High resolution on Amiga was interlaced and required a scan doubler to be tolerable. Reading MSDOS formatted floppies required special software. DTP and other productivity software tended to find their way to the ST first. Atari made a rock bottom price cheap laser printer. The total package price for a 1Mb ST + high res monitor was lower than anything Commodore ever offered, and far lower than anything Apple offered, but still got you an 8mhz 68000, a GUI, MIDI ports, etc.
I always try to say: the competition for the ST was the Mac and a PC, not the Amiga. Different market segment. Yes, on a low-res colour monitor many people purchased the ST as a games machine, but it wasn't great for that, really. It was a cheap productivity machine, "power without the price". More memory and more Mhz per dollar than anything else out at the time.
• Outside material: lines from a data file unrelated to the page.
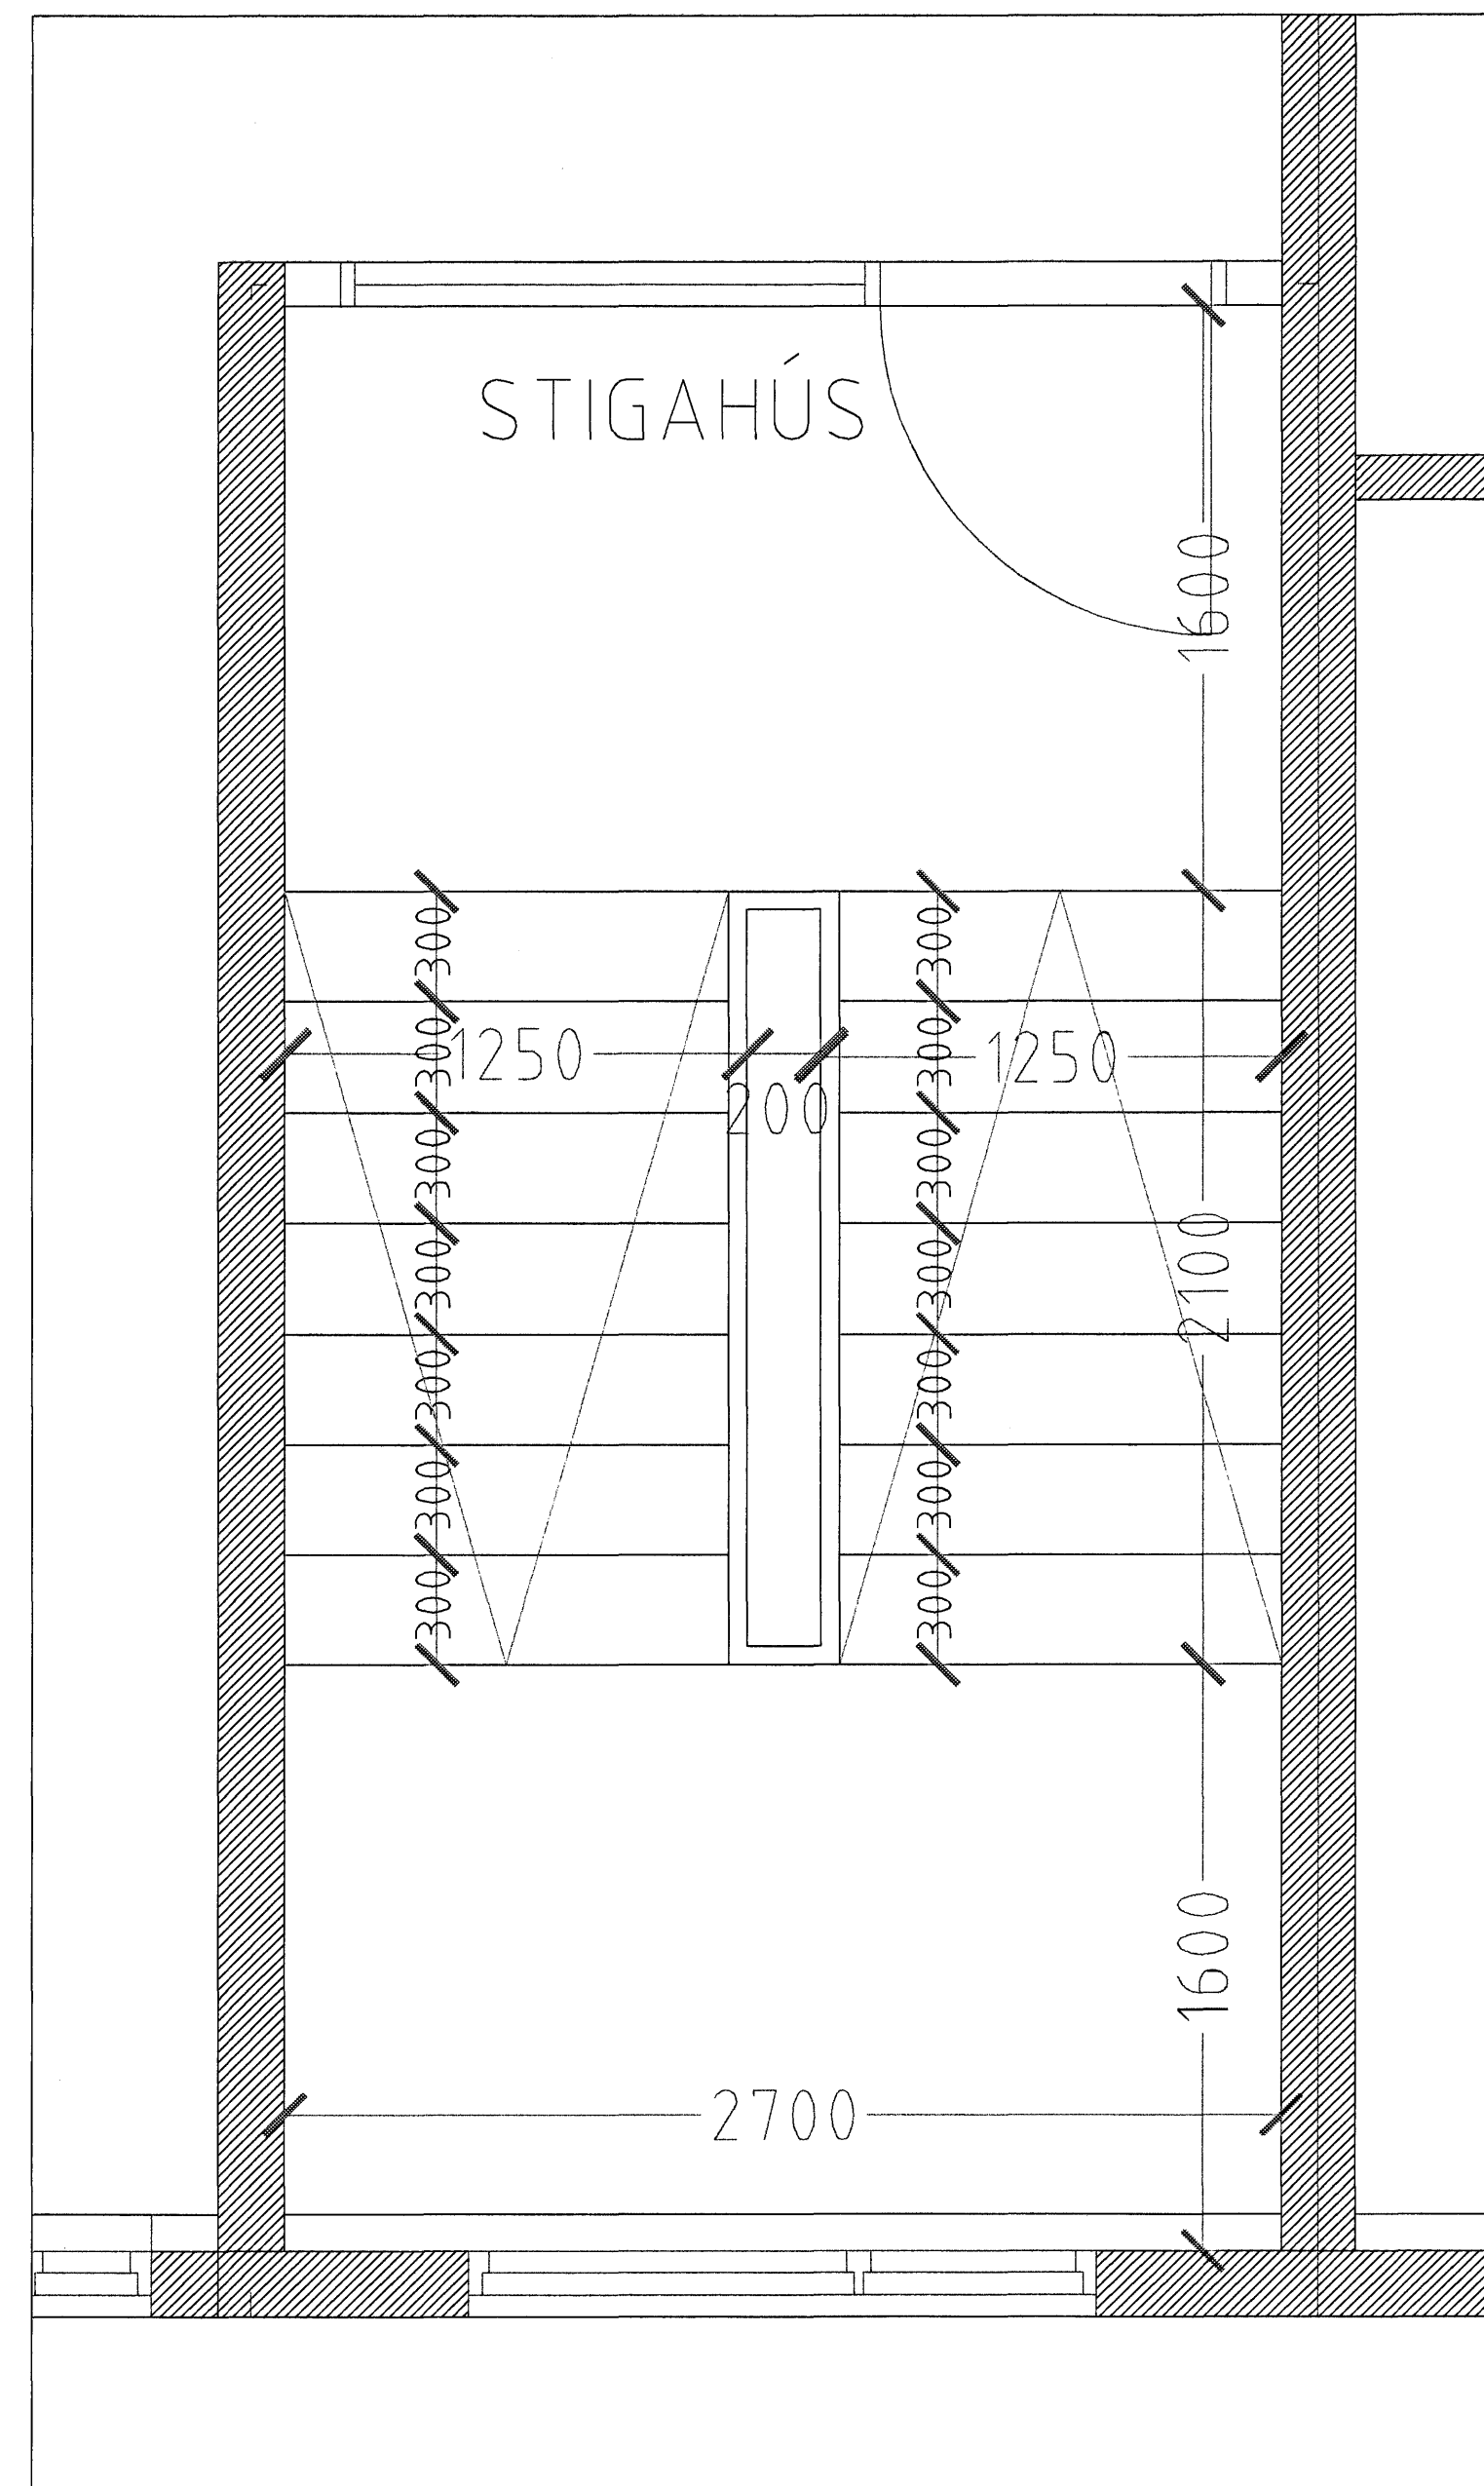

**GRUNNMYND
KJALLARASTIGI MKV. 1:20.**

**GRUNNMYND
STIGI Á HÆÐUM MKV. 1:20.**

SNID Í ÞREP MKV. 1:10.

ESKIVELLIR 7 HAFNARFIRÐI

Sigurður Þorvarðarson byggingafræðingur hf.
Teiknistofan Strandgötu 11 220 Hafnarfirði.
Sími: 5651510. Netfang: teiknistofan@simnet.is
STH: teiknistofan ehf. kt. 510298-2769. Kt. aðalhönnuðar: 141250-4189.

Skýringar:	Séruppráttur.
Teikning:	Stigateikning.
Mælikvarði:	1: 20. / 1: 10. Dagsetning: 22. nóvember 2004.
Undirskrift:	<i>Sigurður Þorvarðarson</i>
Blad nr:	18 af 18.
Breytt:	
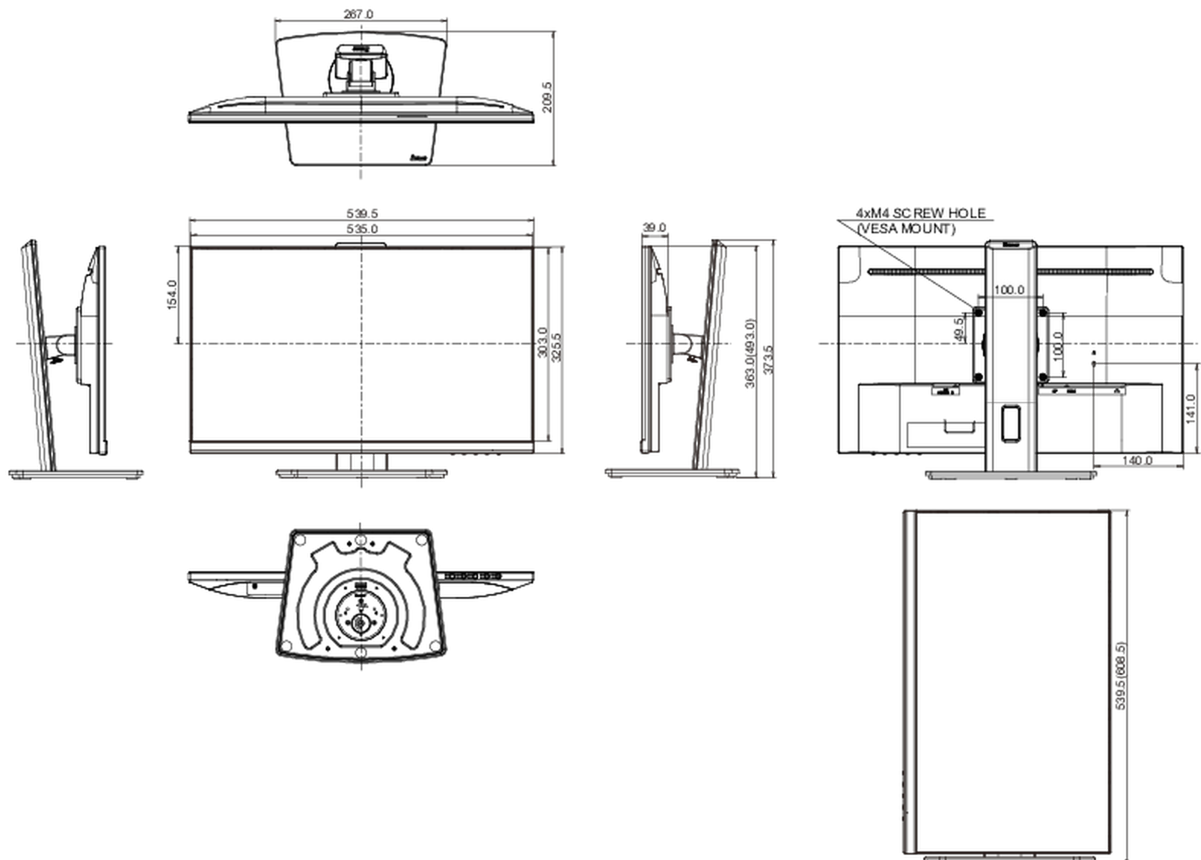

01 DISPLAY EIGENSCHAFTEN

Design	dreiseitig rahmenloses Design
Bilddiagonale	23.8", 60.5cm
Panel-Technologie	IPS Panel Technologie LED, matte Oberfläche
Physikalische Auflösung	1920 x 1080 @75Hz (2.1 megapixel Full HD)
Bildformat	16:9
Helligkeit	250 cd/m ²
Kontrastverhältnis	1000:1
Erweitertes Kontrast Verhältnis	80M:1
Reaktionszeit (GTG)	4ms
Blickwinkel	horizontal/vertikal: 178°/178°, rechts/links: 89°/89°, nach oben/unten: 89°/89°
Farbunterstützung	16.7mln
Horizontalfrequenz	30 - 83kHz
Arbeitsfläche H x B	527 x 296.5mm, 20.7 x 11.7"
Pixelabstand	0.275mm
Farbe	matt, schwarz

D

REACH SVHC

über 0.1% Blei enthalten

08 ABMESSUNGEN / GEWICHT

Produkt Abmessungen B x H x T

539.5 x 343 (493) x 209,5mm

Verpackung Abmessungen B x H x T

635 x 390 x 145mm

Gewicht (ohne Verpackung)

5.7kg

Gewicht (inkl Verpackung)

6.4kg

EAN code

4948570121144

Alle Warenzeichen sind eingetragene Handelsmarken. Irrtum und Änderungen in den Spezifikationen vorbehalten. Alle LCD's erfüllen die ISO-9241-307:2008 Pixelfehlerklasse.
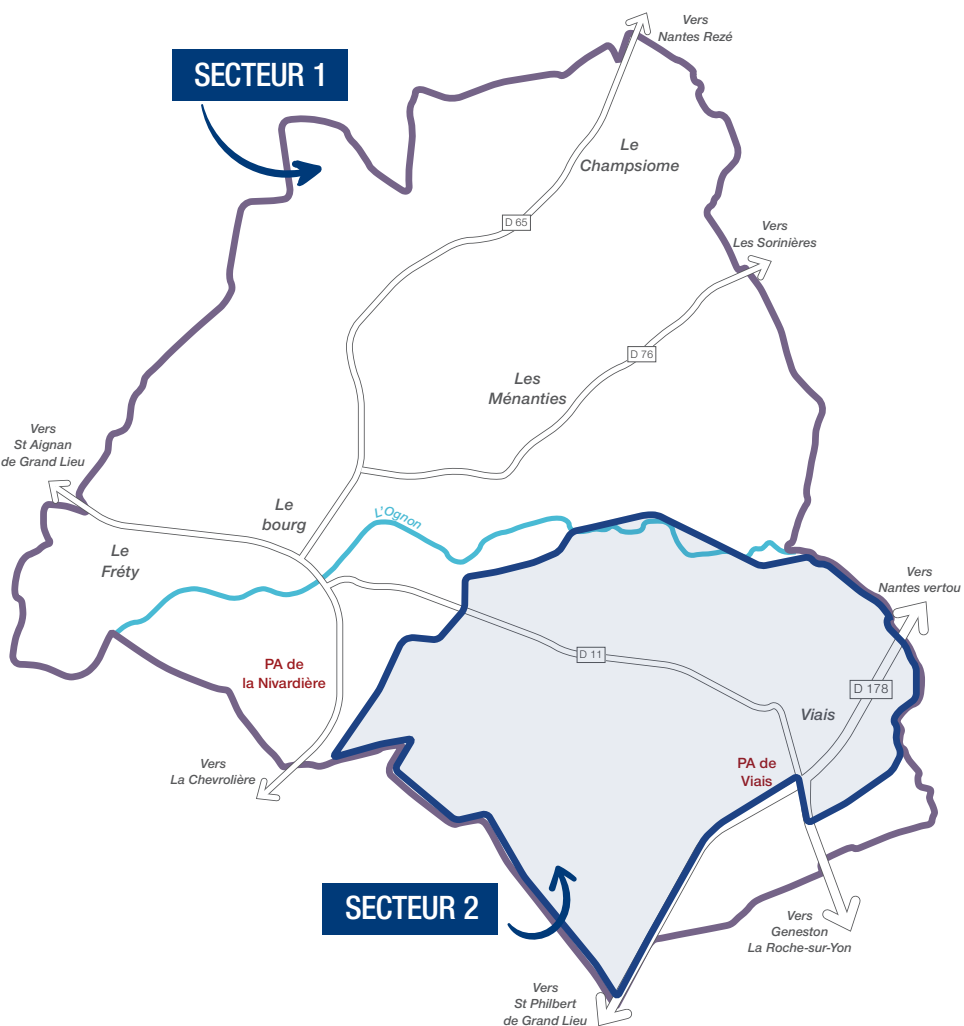

Calendrier des Collectes 2021

Pont Saint Martin

⚠ En 2021, vos jours de collecte évoluent
 Vos bacs jaunes et gris sont collectés le même jour, toutes les deux semaines.

Mon jour de collecte :

Je coche la case de mon secteur

*Collecte des déchets d'équipements électriques et électroniques. (voir adresse au dos)

J'adopte les bons réflexes

Je sors mon bac la veille au soir, la poignée côté route.

Je rentre mon bac en dehors des jours de collecte.

Je signale tout déménagement ou changement du nombre de personnes dans le foyer au 02 51 70 94 39.

Les zones de Collecte

ZOOM SUR LE SECTEUR 2

Horaires des déchetteries

- Lundi : 8h - 12h
- Mercredi : 8h - 12h et 14h - 18h
- Vendredi : 8h - 12h et 14h - 18h
- Samedi : 8h - 12h et 14h - 18h
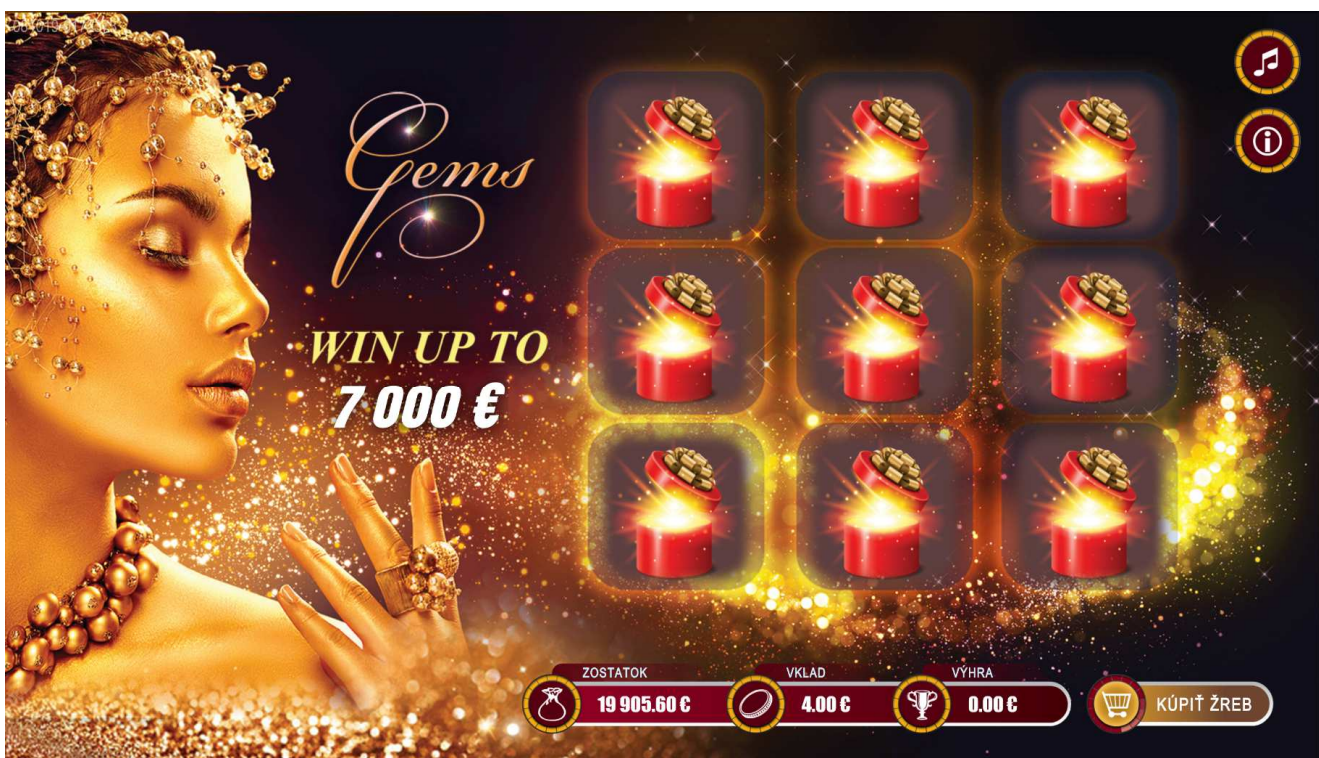

Vzor žrebu so zakrytým hracím poľom:

Vzor výherného žrebu s odkrytým hracím poľom:

Popis návodu na hranie

Hráč si na www.etipos.sk, v sekcii Ežreby, zvolí pre hru elektronickú žrebovú emisiu Gems.
Podmienkou hrania za peniaze je komplexné a aktivované hráčske konto, navýšené o minimálnu sumu pre kúpu 1 ežrebu (4,00 €). Hráč si môže elektronickú žrebovú emisiu vyskúšať aj v režime pre zábavu, ako neprihlásený klient, bez použitia finančných prostriedkov.

Po zvolení elektronickej žrebovej emisie sa hra načíta a dôjde k zobrazeniu hlavného okna.

V spodnej časti obrazovky sa nachádzajú informačné panely:

Zostatok – informuje o aktuálnom peňažnom zostatku pre nákup žrebov z elektronickej emisie

And that's the segment Tramiel was targeting, he was going after the Mac ("computers for the masses, not for the classes."). The "Jackintosh"
For MIDI sequencing, there's no comparison. The breadth of software on the ST was far beyond anything on the Amiga and some giants of the current DAW software market like Cubase and Logic got their start there.
And honestly, while onboard sampled sound generation on the Amiga was better than its competition, that's kind of a dubious distinction when we're talking about grainy low-bitrate 28khz 8 bit audio. Not exactly CD quality. Within a few years it was outdated relative to what you could get on a commodity PC ISA sound card.